Work order | Filter the entries down to the lines containing "SDCM", and copy those lines.

Dataset records |
+ + +

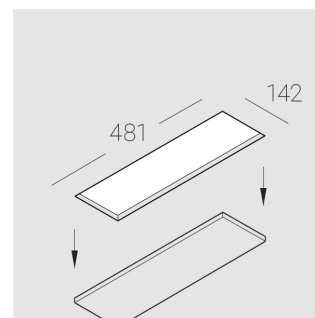

Встраиваемый гипсовый светильник

Зенит
Светотехническое производство

Tetro A25 32W 927 DS DA

ze11009658

220-240 В

IP20

Ra >90

3 SDCM

Комплектация

Корпус	1
Световой модуль	4
Блок питания	1
Крепежный элемент	2
Винт M5x6	4
Саморез	2
ГроверD5	4
Присоска	1

Производитель оставляет за собой право вносить изменения в комплектацию светильника.

Технические характеристики

Размеры:	475x137x70 мм
Масса нетто:	2,45 кг

Четырехмодульный светильник

Корпус:	Гипс
Источник света:	LED

Класс электробезопасности:	II
Степень защиты:	IP20
Номинальная мощность:	29.1 Вт
Световой поток светильника*:	2028 лм
Светоотдача*:	70 лм/Вт
Цветовая температура*:	2700 К
Индекс цветопередачи*:	Ra >90
Стабильность цветовой температуры*:	3 SDCM
cos *:	0.94
Блок питания**:	Драйвер в комплекте

Все параметры, отмеченные *, являются расчетными значениями. Зенит использует проверенные и испытанные компоненты от ведущих поставщиков. Тем не менее допускается наличие отдельных сбоев связанных с технологией светодиодов в течение срока службы продукта.

** — производитель оставляет за собой право замены блока питания на аналогичный, имеющий те же характеристики.

+ + +

Solution to the problem |
3 SDCM
Стабильность цветовой температуры*:	3 SDCM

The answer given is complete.